If the A's were to pull off these deals, they would conceivably accomplish the goal of acquiring major upgrades at 2B and 1B/DH without significantly tampering with the clubhouse chemistry dynamics, adding significantly to their payroll or significantly weakening their farm system. As well, they would bolster the middle of their order offensively, without weakening the team defensively.

With these additions, the batting order may look like this:

1. Crisp CF
2. Zobrist 2B
3. Cespedes LF
4. Encarnacion DH
5. Moss 1B
6. Donaldson 3B
7. Reddick RF
8. Norris C
9. Drew SS

As well, the departure of S. Smith (who every A's fan liked, but never fell in love with) and C. Young, could re-open the door to bring back J. Gomes.

Lastly, the A's would be in a comfortable position to resign Brandon McCarthy and add another veteran pitcher to the mix. Personally, I'd like to see the A's try to sign Jorge De La Rosa or Scott Baker because both offer upside when healthy, but the A's have good built-in pitching depth to absorb the loss should they break down (as both these pitchers have a history of doing).

Regardless of whether this off-season unfolds in any way close to the manner which I described above (it won't), the take away point is that the A's are in a much better position to swing potential deals, like the ones articulated above, after the addition of C. Young. Even if the A's carry this OF surplus into the 2013 season, I can still see the value in this trade. For the most part, J. Reddick was great, but his prolonged struggles to make an offensive impact at the end of this past season might have caused concern within the front-office that he is due for a major regression next season. In the event that happens having someone like C. Young in place to slide into the outfield quickly mitigates that problem. If Reddick comes back and continues to establish himself as an impact bat, the A's can always trade Young or Crisp during next season.
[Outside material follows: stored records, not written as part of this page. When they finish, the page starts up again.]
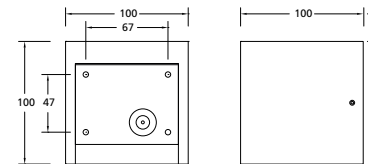

Compact wallluminaire with up- and downlight IP 65

Inner housing chromated and powder coated as standard in white RAL 9010. Outer part same but as standard darkgrey RAL 7016.

Smooth adjustable beamangle from 0°-60° with degreeindicators for both up and downlight.

Tempered protective glass and stainless screws. Connection to screwterminal inside housing.

Livfetime L70 Ta25 50000h (B50)  
MacAdams 3 SDCM CRI:>80

IP 65 | IK 07 | CE

Type	Lumen	Art. no.	E-no.	Power	Weight
Elena 830	290	7 181 05	77 042 95	5,8	1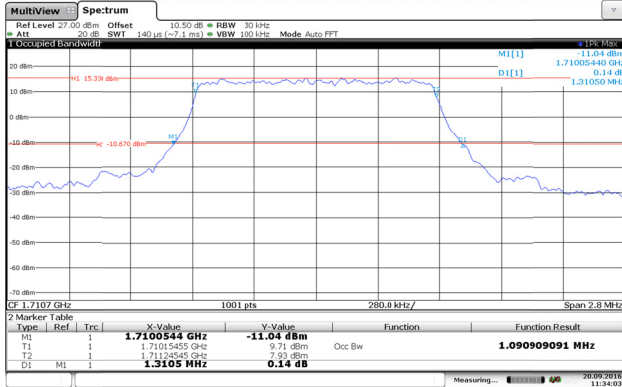

LTE Band 2-15MHz

QPSK

16QAM

Channel Low

Channel Low

Channel Mid

Channel Mid

Channel High

Channel High

LTE Band 2-20MHz

QPSK

16QAM

Channel Low

Channel Low

Channel Mid

Channel Mid

Channel High

Channel High

LTE Band 4-1.4MHz

QPSK

16QAM

Channel Low

Channel Low

Channel Mid

Channel Mid

Channel High

Channel High

LTE Band 4-3MHz

QPSK

16QAM

Channel Low

Channel Low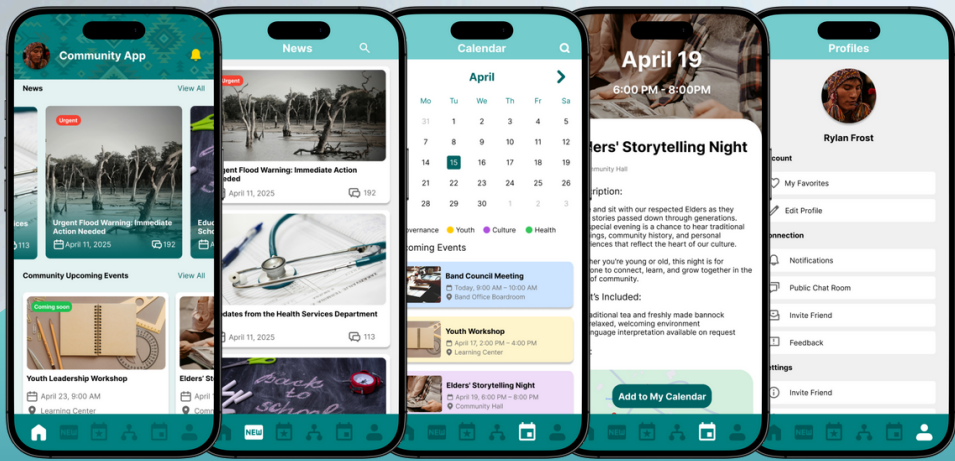

## COMMUNITY & ORGANIZATIONAL APPS

Connect members with community resources, news, events, directories, and moderated feedback.

## EVENTS & CONFERENCE APP

Make a splash with your next community event, powwows, gatherings, conferences, and meetings.

## STREAMING RADIO

Bring your community radio broadcasts to the next level and listen anywhere.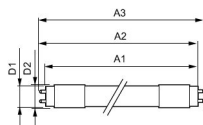

Specifications Philips LED Tube T8 CorePro (UN) Ultra Output 15.5W 2400lm - 840 Cool White | 120cm Replaces 36W

[View Product](#)

General Information

SKU	248765
EAN	8720169199989
Manufacturer Code	8720169199989
Brand	Philips
Manufacturer Name	CorePro LEDtube UN 1200mm UO 15.5W840 T8
Full box quantity	20
Any Lamp all-in warranty	3 Years
Energy efficiency class	D
Average Lifetime (h)	50000
Voltage (V)	220-240

Dimensions

Length	120cm
Length (mm)	1213
Diameter (mm)	28

Why Any-lamp?

 Order from the **largest lighting specialist** in Europe  **Customised** quotation

 Up to **7 years warranty**  **Easy** return process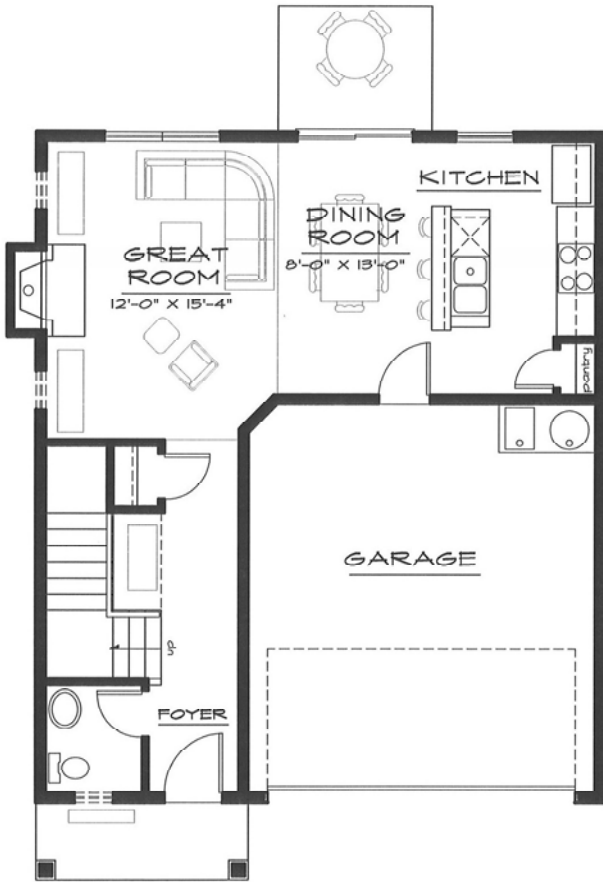

The Opal

1,608 square feet
3 bedrooms, 2.5 baths with 2 car garage

Tricia Best • 425.220.8402 • patricia.best4@yahoo.com
16031 119th Pl NE • Bothell, WA 98011
www.LiveatHaleysPark.com

But whatever ends Billy Beane ends up doing from here, this trade should be viewed as an objectively great deal for the A's and provide reassurance that the A's front office wants to do everything it can to field another playoff contender for next season (not three years from now). And that should excite any A's fan, because when Billy Beane has this type of short-term focus and passion for building a winner the next season, good things usually happen.